When Antoine Saint-Exupery published his novella and sketch book, "The Little Prince," about the mysterious boy who travels from a distant planet to the Sahara, critics were mixed in knowing how to categorize the work.  Was it a children's book or a philosophical work for adults?  The best comprise description seems to be that it is "a parable for grown people in the guise of a simple story for children."  Over the years there have been many dramatic adaptations of this tale on screen and on stage.  The current adaptation being presented by the New Rep Theatre uses Music by Rick Cummins and Book and Lyrics by John Scoullar.  The production is Directed and choreographed by Ilyse Robbins.  The Set design by Matthew Lazure is beautifully rendered, using elements that suggest airplane instruments, compasses and other astronomical devices, with a space for shadow projection, a rotating disc and hidden spaces that become volcanoes and wells.  Costumes by Chelsea Kerl are creative and effective, Lighting by Karen Perlow is just right as is Sound Design by Michael Policare.

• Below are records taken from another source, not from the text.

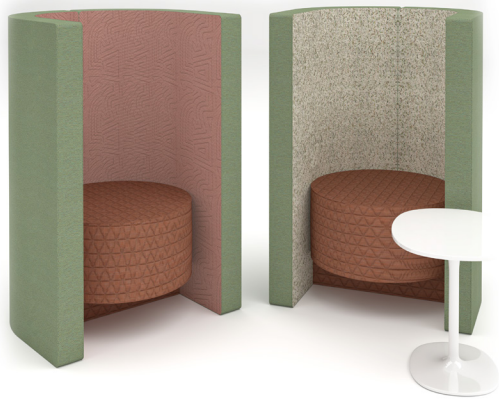

Design
Manufacture
Create

Inspired by ever so slightly brutal monolith visual language trend, a challenge was set to translate it into a soft piece of furniture with strong focus enabling function. Sound privacy is supported by a small cavity in BASE walls, helping to absorb sound with assistance of fabric and a foam layer. Work surface is also considered, where softer furniture linoleum provides with excellent writing comfort while further aiding sound travel restriction.

HIGH BACK DOUBLE BOOTH WITH TABLE

MDF construction with concealed glides,
Commercial grade foam
Upholstery: as specified Mild steel base powder coated to Standard Dulux or Interpon colour range Plywood to with Forbo furniture linoleum top surface in available colours
Desk top height 720mm
Seat height 450mm

HIGH BACK SINGLE BOOTH

MDF construction with concealed glides,
Commercial grade foam
Upholstery: as specified
Seat height 450mm

HIGH BACK DOUBLE BOOTH WITH LEDGE

MDF construction with concealed glides,
Commercial grade foam
Upholstery: as specified Plywood top with Forbo furniture linoleum top surface in available colours
Desk top height 720mm
Seat height 450mm

HIGH BACK SINGLE S-BOOTH WITH LEDGES

MDF construction with concealed glides,
Commercial grade foam
Upholstery: as specified Plywood top with Forbo furniture linoleum top surface in available colours
Desk top height 720mm
Seat height 450mm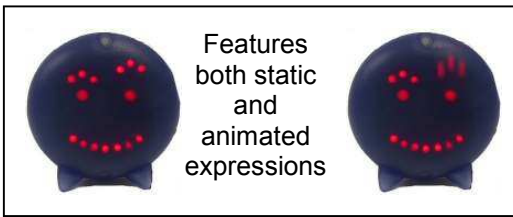

Animated LED Smiley

- ☺ Choice of expressions to suit every mood!
- ☺ Choose between static or animated expressions
- ☺ Great as desktop mood indicator or attention grabber
- ☺ Complete with enclosure

Too much fuel on the BBQ...

Hello there, you must be new here...

Boss is out...

Just got a raise !

Almost weekend...

I feel good, I guess...

No raise today...

Too much work and no colleagues to pass it onto

On/off/expression select button at the back

Technical:
 Power supply: 3x AAA battery
 Power consumption: 15mA
 Dimensions: 75x75x32mm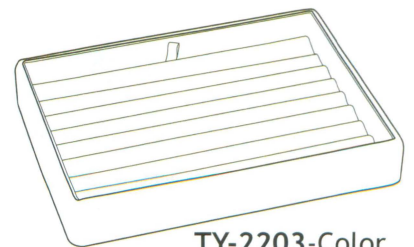

Durable Lightweight Stacking Trays

Each Tray Size: 8 1/8" W x 6 1/8" D x 1 1/2" H (206 x 156 x 38mm)

Stackable

Available Colors

L-BK
White Faux Leather
w/ Black Faux Leather Trim

-L30
Deluxe Beige Faux Leather
w/ Steel Brown Trim

-M21
White Faux Leather w/
Grey Maze Trim

TY-2204P1L-WH
TY-2204P1L-BE
Earring / Pendant Pad
1 3/4" x 2 7/8" (44 x 73 mm)

TY-2204P2L-WH
TY-2204P2L-BE
Flap Earring Pad
1 3/4" x 2 3/4" (44 x 70 mm)

TY-2201-Color
Ring (18-Slot)

TY-2202-Color
Earring (15-pr.)

TY-2203-Color
8-Bracelet

TY-2204-Color
Earring (4-pad)
Earring/Pendant (4-Pad)

TY-2205-Color
Frame

TY-2200-Color
Cover

2" H Round-Corner Stackable Trays

Tray Size: 9 1/4" x 6 3/8" x 2 1/8" H (235 x 162 x 54mm)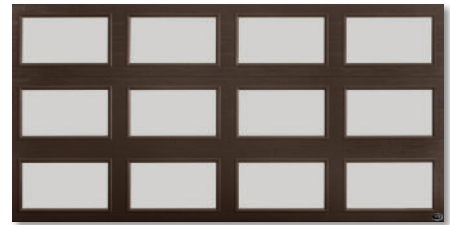

Amarr® Classica®

Full View and Flush Modern Garage Doors

Full View design with Frost glass in Dark Brown

Bring natural lighting indoors. The three-section tall Amarr Classica Full View garage door allows maximum natural lighting to your interior space with the largest windows available in any Amarr steel garage door. The modern design combined with polyurethane insulation provides years of energy efficient performance. Improve your view of the world with an Amarr Classica Full View door.

Sleek and sophisticated. Amarr Classica Flush garage doors complement any modern architectural style home. The flush design is ideal for homeowners who want a contemporary look with the taller panels of a 3-section door. Polyurethane insulation is energy efficient and helps moderate garage temperatures year round.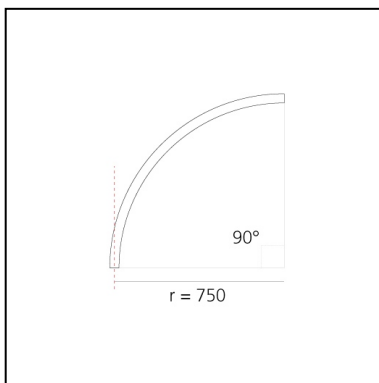

A.24 - Suspension Diffused Emission - Curved Elements - R=750mm - $\alpha=90^\circ$ - 4000K - Brushed Silver

Carlotta de Bevilacqua

IP20    Dimmerable: 

LUMINAIRE

- Watt: **33W**
- Delivered lumens output: **2857lm**
- CCT: **4000K**
- Efficiency: **60%**
- Efficacy: **86.58lm/W**
- CRI: **80**

DIMENSIONS

- Width: **cm 2.7**
- Recessed depth: **cm 5.4**

SOURCES INCLUDED

- Category: **Led**
- Number: **1**
- Watt: **33W**
- Color temperature (K): **4000K**
- CRI: **80**
- Color Tolerance: **MacAdam 2SDCM**
- Service Life: **L70 (6K) 50000h**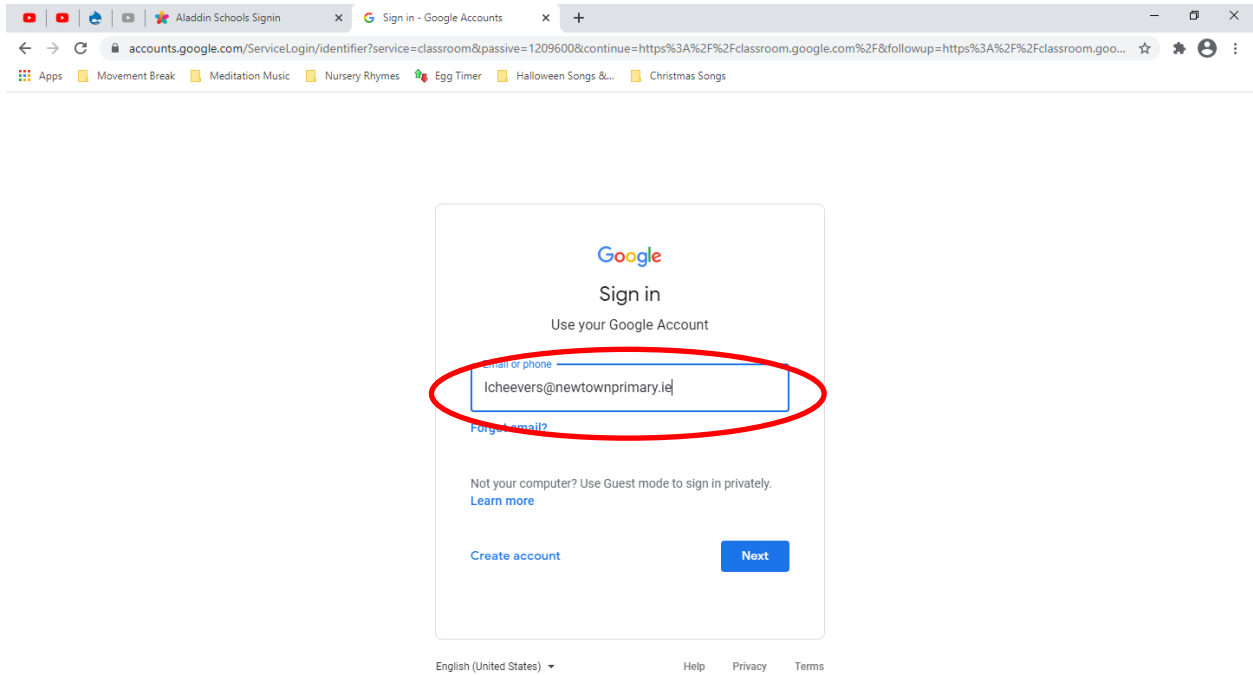

Logging In To Google Classroom:

1. Open Google

2. Type in www.classroom.google.com

3. Enter your child's account/username:@newtownprimary.ie and click Next

4. Enter password and click Next

5. This should bring you to your child's class Google Classroom page.

6. If necessary, click Join to join your child's class

7. Your child's class Christmas Play should be visible as the latest post on the Classroom Stream. Click on the image to load the video

Please note: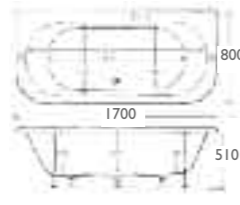

DESTINY D-SHAPE

The cast of four work hard during this show that feels a bit too long, partly because with a few exceptions, the music and lyrics are largely vanilla and forgettable.  The exceptions are the Prince's song "44 Sunsets," Conceited Man's "Admire Me," and the duet between the Fox and the Little Prince "Day After Day."

The Little Prince is portrayed by young Wil Moser.  He has a very pleasing singing voice and an engaging presence.  On opening night, his movements seemed a bit mechanical and deliberate, but he seems to have good stage instincts, so I expect that he will settle more comfortably into that aspect of the role as the run of the show progresses.

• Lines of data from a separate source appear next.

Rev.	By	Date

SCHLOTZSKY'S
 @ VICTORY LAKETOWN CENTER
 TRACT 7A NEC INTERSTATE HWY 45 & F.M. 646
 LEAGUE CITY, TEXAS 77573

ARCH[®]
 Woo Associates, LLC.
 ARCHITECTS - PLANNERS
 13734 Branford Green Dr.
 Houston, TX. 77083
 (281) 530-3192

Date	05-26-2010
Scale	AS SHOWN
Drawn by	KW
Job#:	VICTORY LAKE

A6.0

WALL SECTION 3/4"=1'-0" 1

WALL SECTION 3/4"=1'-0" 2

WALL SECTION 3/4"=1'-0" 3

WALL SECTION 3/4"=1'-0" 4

Nick Sulfaro as The Aviator stranded in the Sahara also has a very nice singing voice.  I would have wished for a bit more emotional range from his character, but I sense that some of that limited range is due to the way in which the character is written.  He shines in the number "Some Otherwhere."

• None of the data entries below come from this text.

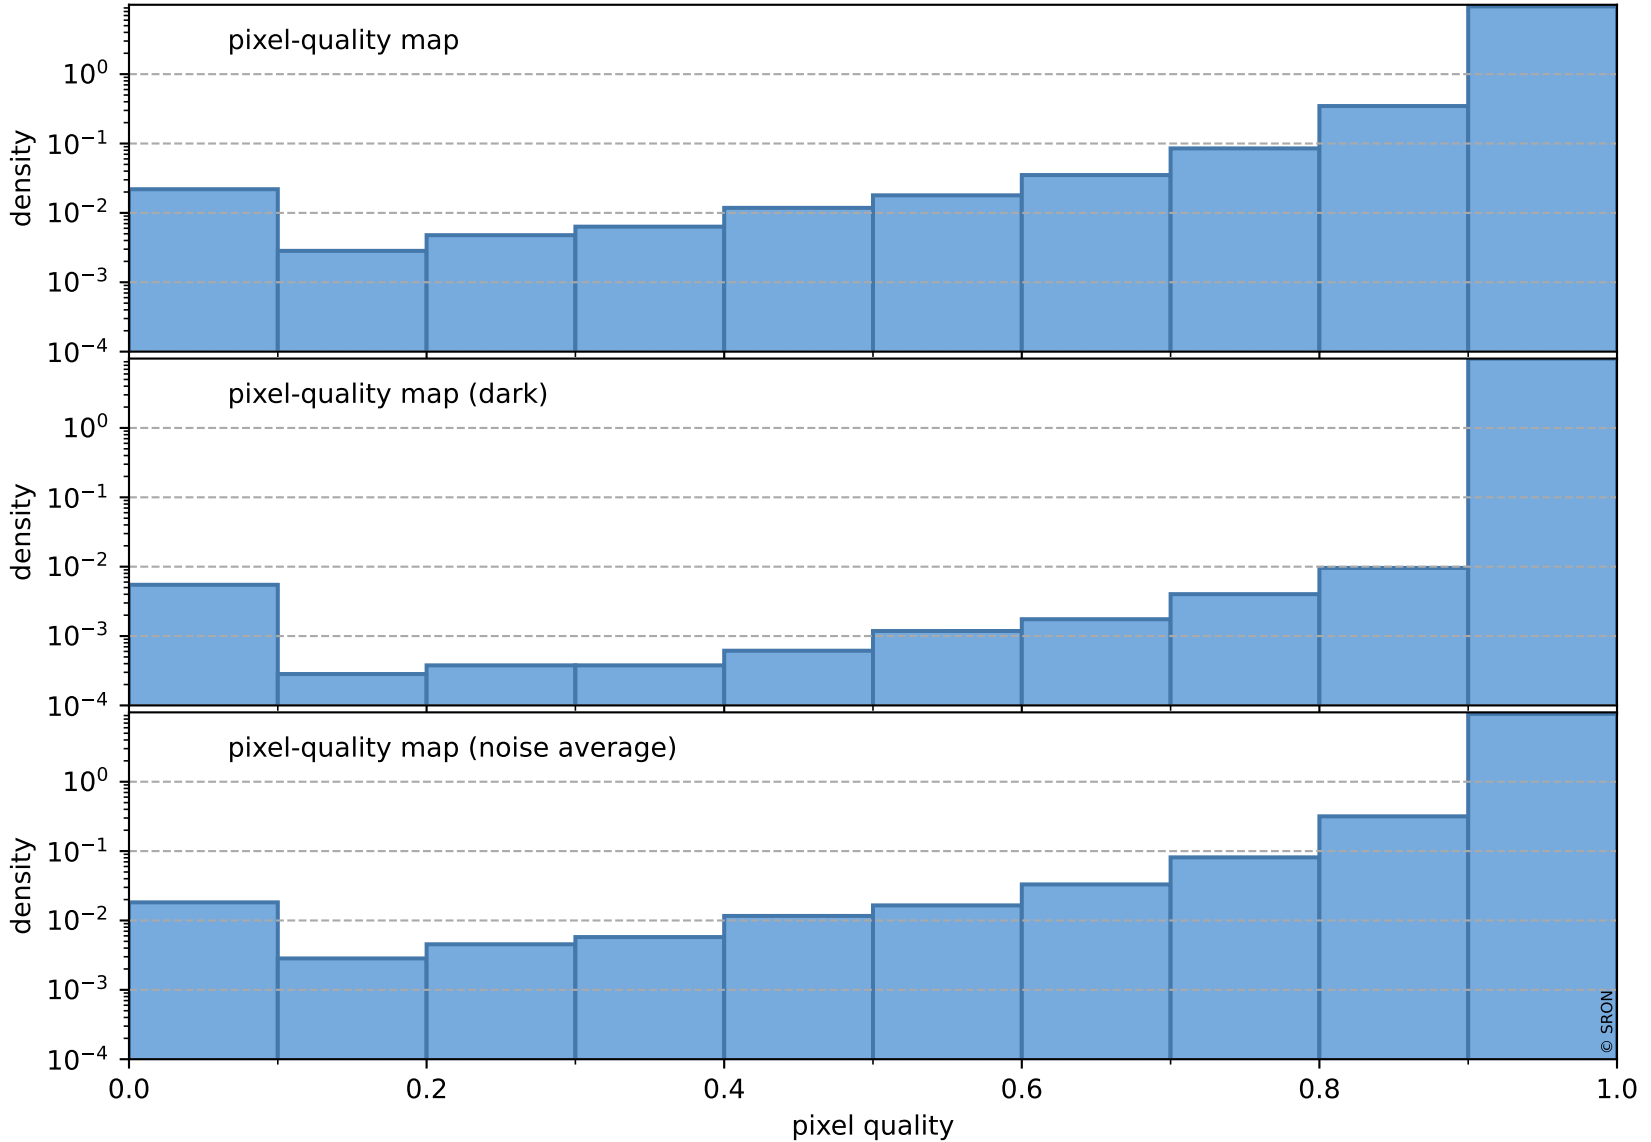

orbits : 19 in [21457, 21502]
coverage : 2021-12-03 / 2021-12-07
to good : 370
good to bad : 1800
to worst : 251
created : 2023-08-22T08:29:21

total quality compared with SWIR pixel-quality CKD

Tropomi SWIR pixel quality (official)

orbits : 19 in [21457, 21502]
coverage : 2021-12-03 / 2021-12-07
created : 2023-08-22T08:29:22

Histograms of pixel-quality

Tropomi SWIR pixel quality (official) ground-tracks of Sentinel-5P

orbits : 19 in [21457, 21502]
coverage : 2021-12-03 / 2021-12-07
created : 2023-08-22T08:29:22

Tropomi SWIR pixel quality (official)

orbits : [2827, 21502]
coverage : 2018-04-30 / 2021-12-07
created : 2023-08-22T08:29:22

trend of pixel quality & temperatures

Laura Jo Trexler shows flexibility in portraying both the  stationary Rose and the slithering Snake. She conveys heartbreak in singing her adieu to The Little Prince in "I Love You Goodbye."

Andrew Barbato plays a variety of Men of the Planets in Act I and The Fox in Act II.  He flat out steals the show.  His versatility in portraying a succession of solipsistic solo inhabitants of tiny planets is a delight.  I roared with laughter at his antics as a King, a Conceited Man and a Business Man.  As The Fox, he toggles back and forth between appearing ferocious one second and cuddly the next.  His interactions with The Little Prince as they negotiate whether or not the boy should undertake to "tame" the fox is a highlight of the show.

The theme of taming takes on a new form as the relationship between the Little Prince and the Aviator matures.  It is at this point that the story hones in on the metaphysical themes of the story as the fox imparts his wisdom to The Little Prince, who in turn shares it with the Aviator: "It is only with the heart that one can see rightly; what is essential is invisible to the eye."

There is much to delight the eye and ear in this show.    It can be a good holiday treat for the family.

"The Little Prince" will run at the Arsenal Center for the Arts trough December 21st.